We've loving titled Gabriel's last trip home: The Point In Which We Lost All Mystery. Unlike normal budding relationships, in which unsavory parts of personality, self and life can be concealed through a glitzy veil of formal dates, high heels and passage of time, long distance relationships do not allow such luxury.

Don't misread me: it's not that I dislike it. I mean to say: It's quiet different. For us, it's three weeks spent together...non-stop. In sickness and in health. Dolled up and in lumpy pajamas. Through jet lag and broken suitcases. When spending 500 undivided hours together, the realities of day-to-day life tend to tumble out...hiding any unpleasantries is nearly impossible. During our last trip,  we had our first fight, I was sick twice, he saw me multiple times without make up, we washed laundry together while I cringed about the reality of it all and we bickered over directions.

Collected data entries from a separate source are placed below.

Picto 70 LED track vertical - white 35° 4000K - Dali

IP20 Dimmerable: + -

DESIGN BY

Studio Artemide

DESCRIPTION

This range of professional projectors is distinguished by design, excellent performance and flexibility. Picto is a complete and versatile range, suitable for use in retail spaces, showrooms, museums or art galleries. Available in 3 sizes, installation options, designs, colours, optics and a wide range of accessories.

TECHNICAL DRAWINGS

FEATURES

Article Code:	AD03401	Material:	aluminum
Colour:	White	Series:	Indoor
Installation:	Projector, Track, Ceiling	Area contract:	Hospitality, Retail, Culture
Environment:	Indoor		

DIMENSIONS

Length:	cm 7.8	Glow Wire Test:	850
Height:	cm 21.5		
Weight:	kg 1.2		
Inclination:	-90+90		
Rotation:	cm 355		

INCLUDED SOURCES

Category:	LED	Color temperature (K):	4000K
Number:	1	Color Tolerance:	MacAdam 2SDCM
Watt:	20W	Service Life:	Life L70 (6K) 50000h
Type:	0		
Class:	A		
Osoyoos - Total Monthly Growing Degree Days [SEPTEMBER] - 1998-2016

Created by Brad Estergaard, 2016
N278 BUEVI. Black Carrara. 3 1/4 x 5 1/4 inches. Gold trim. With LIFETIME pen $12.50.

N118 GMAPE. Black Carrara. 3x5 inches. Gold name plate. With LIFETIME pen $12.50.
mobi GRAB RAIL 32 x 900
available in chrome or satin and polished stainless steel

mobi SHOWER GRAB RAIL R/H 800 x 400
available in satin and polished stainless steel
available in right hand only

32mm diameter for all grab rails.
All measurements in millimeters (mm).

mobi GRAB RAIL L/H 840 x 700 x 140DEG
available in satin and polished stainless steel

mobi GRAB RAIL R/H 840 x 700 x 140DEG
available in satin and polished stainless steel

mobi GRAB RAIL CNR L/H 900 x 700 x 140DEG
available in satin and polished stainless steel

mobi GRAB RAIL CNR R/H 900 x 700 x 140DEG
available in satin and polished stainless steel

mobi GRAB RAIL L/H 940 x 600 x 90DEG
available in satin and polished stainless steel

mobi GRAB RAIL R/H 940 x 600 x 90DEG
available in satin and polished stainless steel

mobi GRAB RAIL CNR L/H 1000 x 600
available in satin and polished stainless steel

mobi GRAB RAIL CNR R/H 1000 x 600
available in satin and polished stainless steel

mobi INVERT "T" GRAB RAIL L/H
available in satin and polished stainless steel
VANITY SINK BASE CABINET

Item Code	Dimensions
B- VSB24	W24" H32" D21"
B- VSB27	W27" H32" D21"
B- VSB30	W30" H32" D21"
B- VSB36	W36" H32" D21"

It's rather like three weeks of marriage. Not at all like normal dating, but the truth is: I rather love it. Having a partner, I adore, even during those anything-but-romantic moments. And  afterall, he did do the laundry...and although I loathe the idea of a man washing my skivvies, I was pleasantly surprised by his willingness to housekeep.

We've embraced our mystery-free relationship, and cringe much less at those earth-shattering moments of reality...often teasing each other with a:

"Babe? Are you ready to kiss our very last bit of mystery goodbye? Here goes..."

------

Do you remember that moment...the one in which you knew you'd crossed into reality, and most all mystery was gone from your relationship? Do tell.

8 comments:

  1. I'm still surprised by Bria...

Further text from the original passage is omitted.